“Yes. Meet me at noon in the last parking spot on the row directly in front of the entrance to the furniture store.”
“That’s oddly specific.”
“You asked for a place.” I shrugged. “I gave you one.”
“I know, but I wasn’t expecting such precision. What happens if I park in, say, the second to last spot?”
I shook my head, smiling. “I wouldn’t do it.”
“I mean, maybe I park, like, one row over. Or sideways. What happens then?”
“You’ll get stuck behind people driving slow in the fast lane forever.”
“Oh.” She laughed. “That’s not good. I suppose you’re right. We’ll go with your obsessive-compulsive spot then.”
I saw Hudson approaching his car and gestured toward him with my head. “Your ride is here.”
Twisting her head, Grace spotted him and stomped her foot like an insolent toddler. “Ugh, don’t make me go.”
“You have to,” I whispered, placing the bags of my dirty clothes in her hands, turning her around, and scooting her toward him. “Who else is going to wash my clothes and bake me cookies?”
She barked out a laugh. “I never said I was baking you cookies.”
“You never said you weren’t.”
She turned back around, her nose crinkling. “Are you going to be all right out there all by yourself?”
All by myself? Hell, I wished.

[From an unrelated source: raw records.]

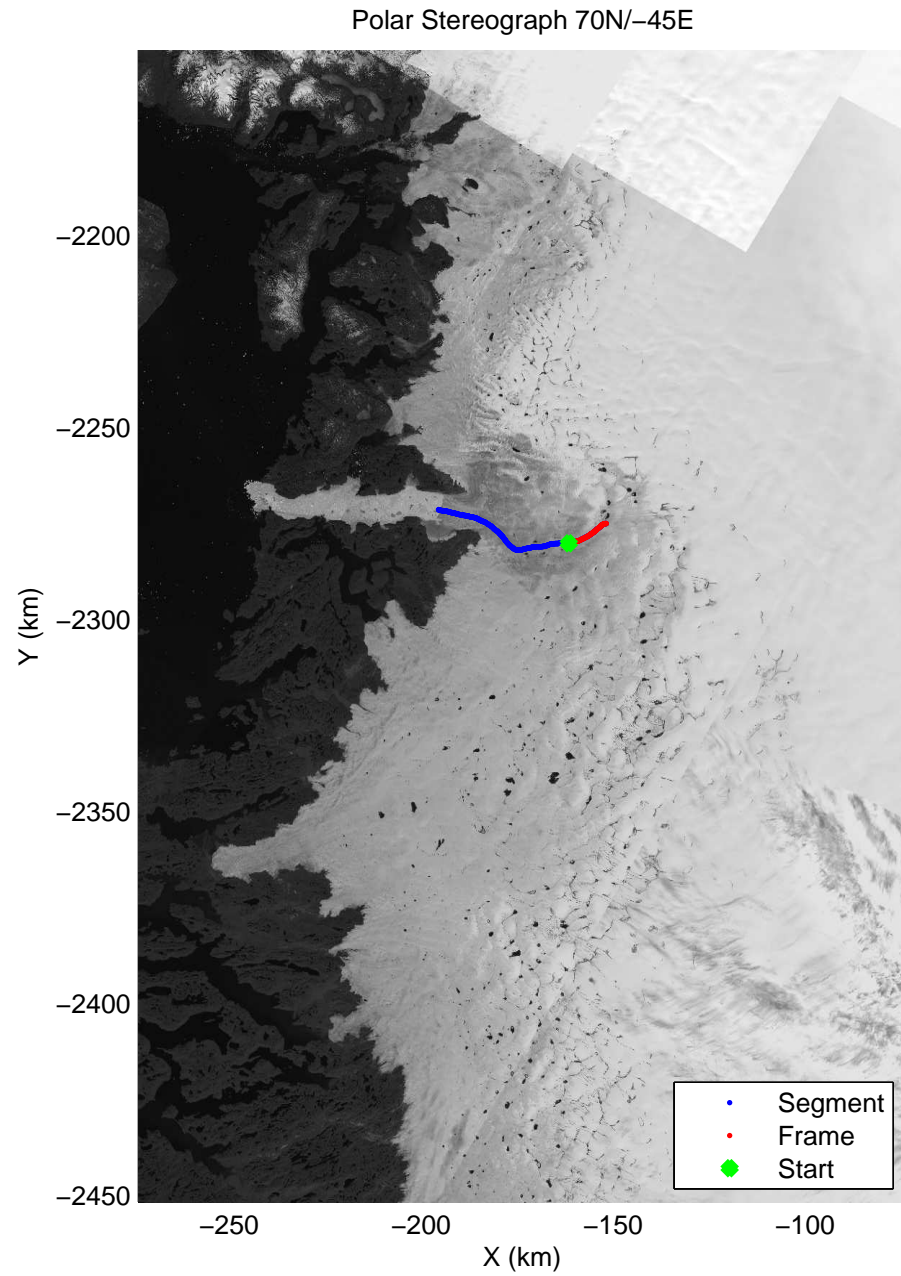

Polar Stereograph 70N/-45E

mcrds 2008_Greenland_TO: "Jakobshavn Grid" 20080719_01_001: 14:54:47.4 to 15:01:04.8 GPS

mcrds 2008_Greenland_TO: "Jakobshavn Grid" 20080719_01_001: 14:54:47.4 to 15:01:04.8 GPS

mcrds 2008_Greenland_TO: "Jakobshavn Grid" 20080719_01_002: 15:01:06.0 to 15:04:57.2 GPS

mcrds 2008_Greenland_TO: "Jakobshavn Grid" 20080719_01_002: 15:01:06.0 to 15:04:57.2 GPS

mcrds 2008_Greenland_TO: "Jakobshavn Grid" 20080719_01_003: 15:04:58.0 to 15:07:37.0 GPS

mcrds 2008_Greenland_TO: "Jakobshavn Grid" 20080719_01_003: 15:04:58.0 to 15:07:37.0 GPS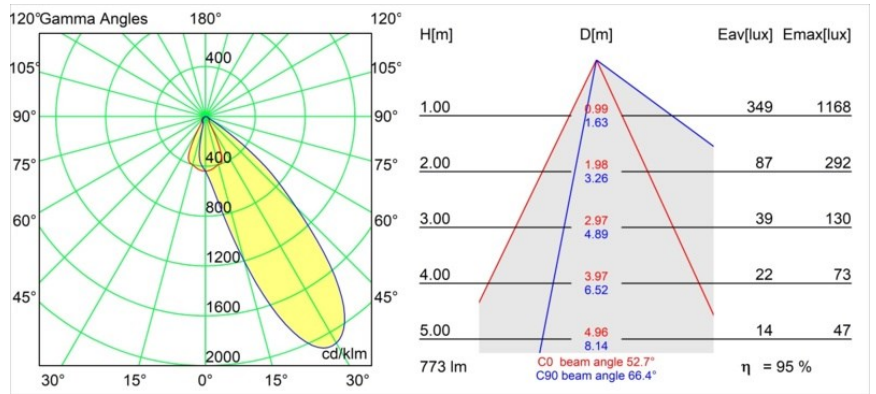

Light distribution & beam diagram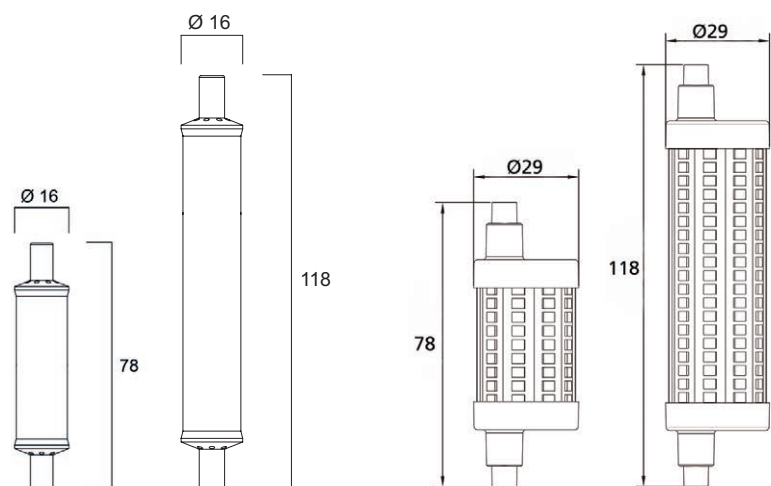

For a full list of approved dimmers, please visit our website www.sylvania-lighting.com

Images

Dimensions (mm)

Bright and compact

ToLEDo™ G9, G4 and GY6.35 capsules

A bright, omni-directional and energy efficient LED retrofit replacement for the popular low voltage and mains voltage halogen capsule lamps. Ideal for chandeliers, interior display lighting, shop windows, task lighting, decorative luminaires, restaurants, hotels etc.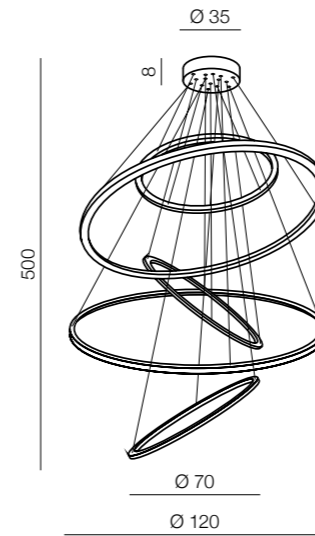

Wheel XXL LED

- 1 AZ3137 (black)
- 2 AZ3138 (gold)
- 3 AZ3417 (chrome)

LED 190W 11400lm 3000K
metal/acrylic

When the sun went down in Los Angeles, the cretins crawled out of their holes and I was very muchnotalone.
“Don’t worry about me,” I reassured her. “I know how to disappear.”
She nodded, nibbling on her bottom lip. “But you won’t disappear on me, will you?”
How could I explain to her that she was the power player in this pairing? She was the one with the life to live. I had nothing. I’d always show up. I wasn’t sure she could say the same. “No. Now go. Don’t miss your ride.”
“Okay,” she said, walking away backward so that she was still staring at me. “Tomorrow. Noon. In that ridiculous spot of yours. Don’t be late.”
“I won’t. Oh, and Grace? That stuff…” I pointed to the plastic bags in her hands. “It’s all I own.”
“I got you, Beats.” She lifted the bags up to show me as she continued walking backward. “I promise I won’t let you down.”
I stayed behind the pillar, watching as Grace approached Hudson. The two exchanged words, and then she slipped into his car and away they went. A moment passed. And then another. I couldn’t seem to move my feet from this spot after she’d disappeared from sight. I’d watched people walk away plenty of times before, but it had never felt like this. As illogical as it seemed, I knew this privileged, inquisitive girl would come back for me. I couldn’t say how I knew; I just did.
Somewhere on a desk at The Department of Children and Family Services was a file with my name on it. Inside of that file was a psyche evaluation with a fancy diagnosis stamped on it: Reactive Attachment Disorder. An inability to show affection for others. To trust. To bond.
Grace had just proven the experts wrong.
* * *
Standing alonein the parking garage, I had a decision to make. Walk the four miles back to the part of the city I knew well, the part where cops didn’t bother the squatters and where the motel management was a little less beholden to the state ID laws, or find myself a place to crash around here for the night. Both held their risks. Remaining in an area I was unfamiliar with was dangerous but it would avoid me having to make the same trip back in the morning. I glanced around the garage, wondering if maybe I could get away with crashing here. I wandered the different levels until I found an out-of-the-way nook and settled in.
I must have fallen fast asleep because I had no idea where I was or what time I was awakened by the man in a security sweatshirt. “This is private property. Gotta move.”
I jolted upright, my heart racing at the unexpected intrusion.
“Okay, I’m going.”
Grabbing my buckets, I was already walking away when he called to me. “How much?”